We next have to import the dataframe into the notebook. The dataframe was divided on kaggle.com to the train and test set. We shall first combine the 2 dataframes into a single one so as not to apply all changes to both dataframes (to be divided later on in the notebook back into the train and test set, although not necessarily the same ones as on download).<br>
On upload of the .csv files into jupyter as dataframes, an index is added to the dataframes, leaving the initial id as a column of no significance ("Unnamed: 0"). On merging the 2 datasets, again, we give the dataframe a new index, but due to the both columns name being "index" we first rename the index column, then apply the reset_index() function, then drop the column now named "i".<br>
Henceforth, we shall refer to the whole dataset "fulldf" indstead of the train and test sets imported to the notebook (until it is again divided).

In [None]:
defaultTest = pd.read_csv("../input/airline-passenger-satisfaction/test.csv") #importing the dataframe 'test.csv' from the appropriate folder
defaultTrain = pd.read_csv("../input/airline-passenger-satisfaction/train.csv") #importing the dataframe 'train.csv' from the appropriate folder
fulldf = pd.concat([defaultTest, defaultTrain]) #merging  the 2 datasets, so that we can work as if we were given the undivided
#dataset in the first place.
fulldf.index.name = 'i' #renaming the index column so that the new index will not have the same name as the old
fulldf = fulldf.reset_index() #Resetting the indexes for appearance's sake.
fulldf = fulldf.drop(['i', 'Unnamed: 0'], axis = 1) #removing the columns of indexes which we changed: the change was not
#necessary, only for the sake of appearance
fulldf

## Data Cleaning

Before delving into the data cleaning, we first have to understand what it is that we have to do. To do that, we first check whether there are any duplicates in the data provided. Because all reviewer has a unique ID, it is enough to check whether there are 2 reviews (2 records in the dataset) with the same ID. To to that, we group the the dataset by ID using groupby() and check if the size of any of the groups provided is greater than 1 (as we can see below). From this we can gather that no duplicate IDs exist, hence there are no duplicate reviews in the dataset.

In [None]:
dupl = fulldf.groupby(['id']).size()>1
dupl.value_counts()
#Checking that there are no duplicates (no values that are true)
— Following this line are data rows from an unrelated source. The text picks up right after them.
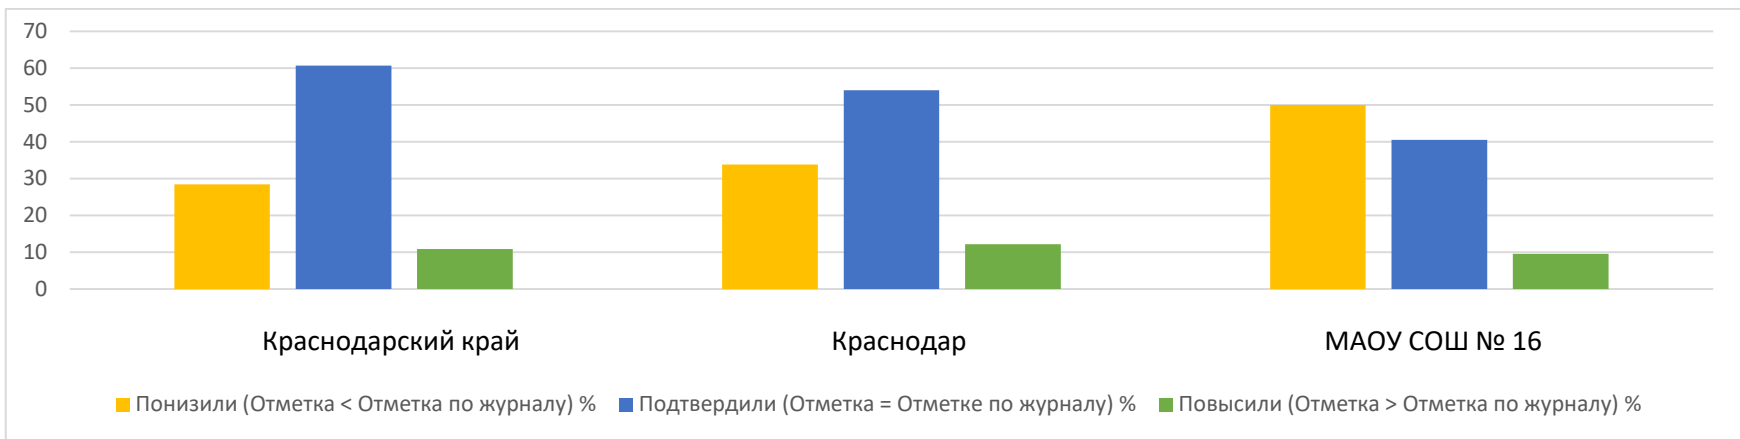

ВПР 2024 Биология 5 класс		
Группы участников	Кол-во участников	%
Краснодарский край		
Понизили (Отметка < Отметка по журналу) %	26046	38,06
Подтвердили (Отметка = Отметке по журналу) %	38437	56,16
Повысили (Отметка > Отметка по журналу) %	3958	5,78
Всего	68899	100
город Краснодар		
Понизили (Отметка < Отметка по журналу) %	7523	42,82
Подтвердили (Отметка = Отметке по журналу) %	8951	50,95
Повысили (Отметка > Отметка по журналу) %	1094	6,23
Всего	17603	100
MAOU СОШ № 16		
Понизили (Отметка < Отметка по журналу) %	36	22,5

After checking the dataset for duplicates, we no longer need the ID attribute, as it is of little to no use in predicting the overall satisfaction of the reviewer.

In [None]:
fulldf = fulldf.drop(['id'], axis = 1) #Further unneded attribute

Let us first examine the dataset we now have using info(). Here we can see the name of every attribute, the count of non null values for each attribute and the type of data each attribute has. Kepping in mind that the dataset has 129880 records, we can derive that the only attribute that has NaN values is "Arrival Delay in Minutes". We will have to deal with it in a minute. Further on, as seen below, there are several attributes where the type of data is "object". From a quick review of the dataset, we can see that it is a string, which for the purposes of machine learning we shall have to encode as numerical values.

In [None]:
fulldf.info()

In order to encode the attributes with strings we first have to understand what kinds of strings each attribute presents. From the code below we can see that every attribute with strings, has only a small ammount of possible values, for example: the attribute "Gender" has only 2 possible values: "Male" and "Female". All other values for attributes can be seen below, with the amount of values of each value for each attribute.

In [None]:
print('Gender:\n', fulldf['Gender'].value_counts(), '\n')
print('Customer Type:\n', fulldf['Customer Type'].value_counts(), '\n')
print('Type of Travel:\n', fulldf['Type of Travel'].value_counts(), '\n')
print('Class:\n', fulldf['Class'].value_counts(), '\n')
print('satisfaction:\n', fulldf['satisfaction'].value_counts(), '\n')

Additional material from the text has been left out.